- [Required action]:
State only how many lines of the records contain the string "Geberit".

[Start of Attachment]

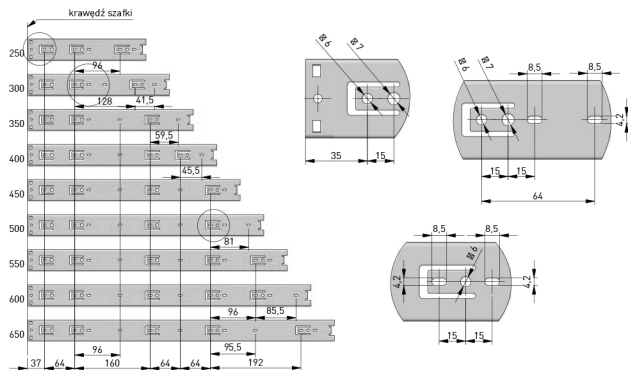

# шариковая направляющая H45 PRO

Доступно сейчас

подшипники 3-шариковые

высококачественный материал

высокая грузоподъемность - 50 кг

	L mm		kg	
PK-PRO-H45-250	250	полное	50	оцинковка сталь
PK-PRO-H45-300	300			
PK-PRO-H45-350	350			
PK-PRO-H45-400	400			
PK-PRO-H45-450	450			
PK-PRO-H45-500	500			
PK-PRO-H45-550	550			
PK-PRO-H45-600	600			
PK-PRO-H45-650	650			
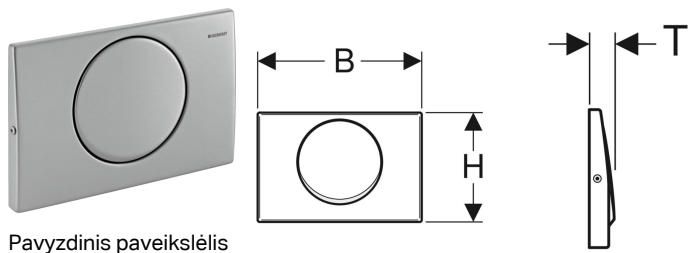

Geberit vandens nuleidimo mygtukas Delta 15, su Stop-and-Go funkcija, antivandalinis tvirtinimas

Pavyzdinis paveikslėlis

Naudojimo tikslas

- Vandeniui nuleisti Geberit Delta potinkiniams bakeliams

Techniniai duomenys

Paspaudimo jėga | < 20 N

Savybės

- Nuleidimas iš priekio

Tiekimo rinkinys

- Montavimo rėmelis
- Mygtuko svirtelė
- Sustabdymo svirtelė
- Varžtų rinkinys
- Tvirtinimai

| Gaminio Nr. | Spalva / paviršius | Medžiaga | B | H | T |
|--------------|--------------------|------------------------|---------|---------|------|
| 115.101.00.1 | šveistas | Nerūdijantysis plienas | 24.6 cm | 16.4 cm | 3 cm |
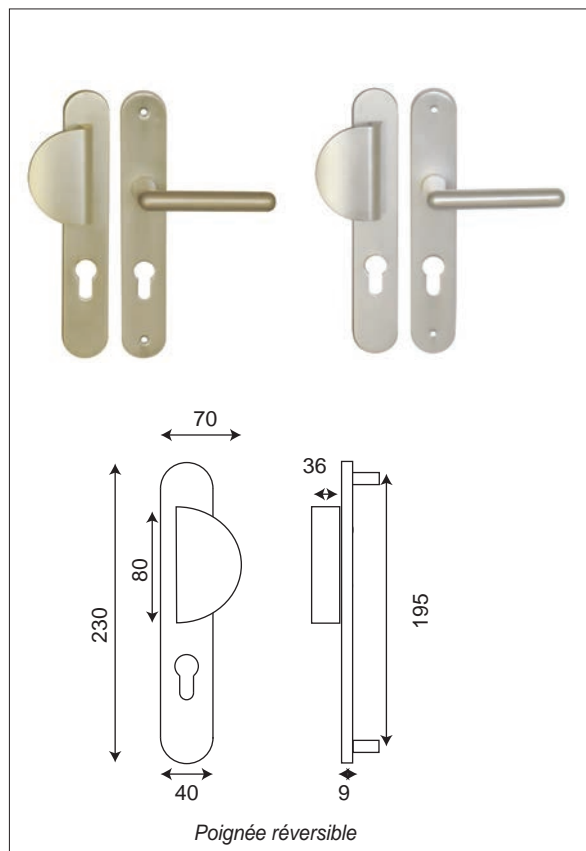

## Ensemble béquilles

BDC Bec de cane	010501AR/CH
Clé	010502AR/CH
Cylindre	010503AR/CH
Condamnation	010504AR/CH

## Ensemble Palière

Cylindre	010503PAR/PCH
BDC Bec de cane	010501PAR/PCH

- Béquille à section ronde en angle droit sans ressort de rappel sur grande plaque emboutie ea.195mm
- Carré de 7 et visserie fournis pour portes de 40mm d'épaisseur
- Pas de ressort de rappel
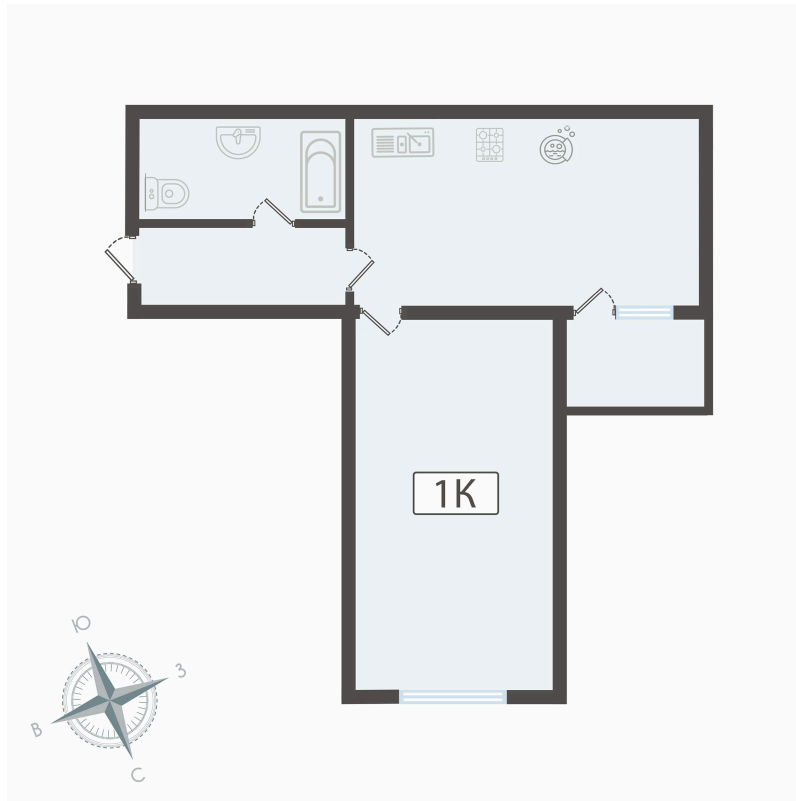

Номер: 148

1 комнатная 44.7 м²

Отсканируйте QR-код и
смотрите на сайте
вектор.рф

8 200 000 руб.

В ипотеку от 29 449 руб.

во двор

С балконом

Проект	Парковый	Корпус	ЖК Парковый корп. 2
Этаж	8	Секция	2
Сдача	Сдан		
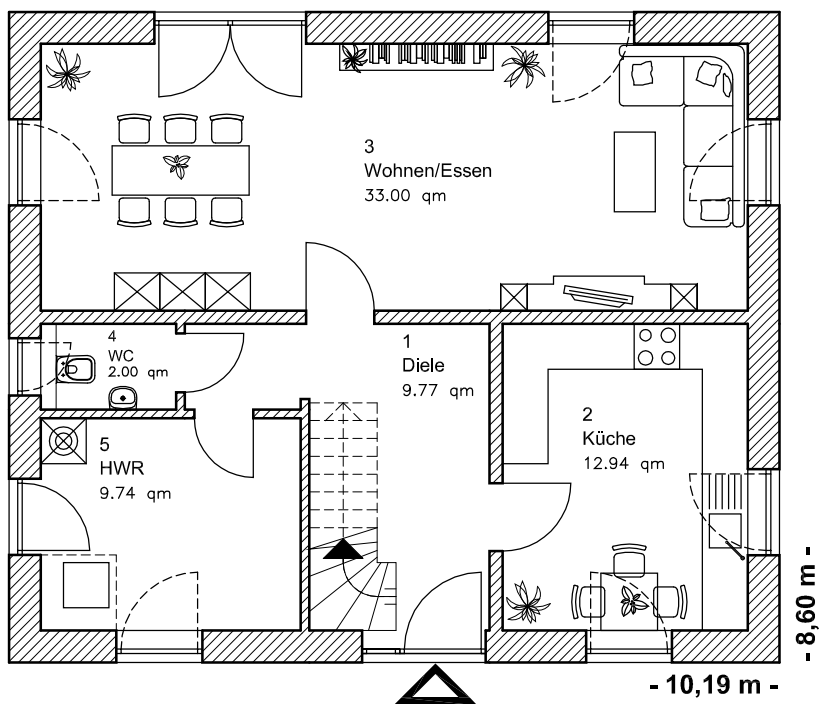

EG 67,45 m²

Die Zeichnung enthält Sonderausstattungen !

Maßstab: 1:100

1.2.21

Familienhaus 140-1

TEAM
MASSIVHAUS

Team Massivhaus GmbH

Hollerstraße 128 · Tel.: 04331/33110-0

24782 Büdelsdorf · Fax: 04331/33110-9

www.team-massivhaus.de

DACHGESCHOSS

DG 54,96 m²
Gesamt 122,41 m²

Die Zeichnung enthält Sonderausstattungen !

Maßstab: 1:100

Die Zeichnung enthält Sonderausstattungen !

Maßstab: 1:200

Die Zeichnung enthält Sonderausstattungen !

Maßstab: 1:200

[End of Attachment]

- [Answer section]:
2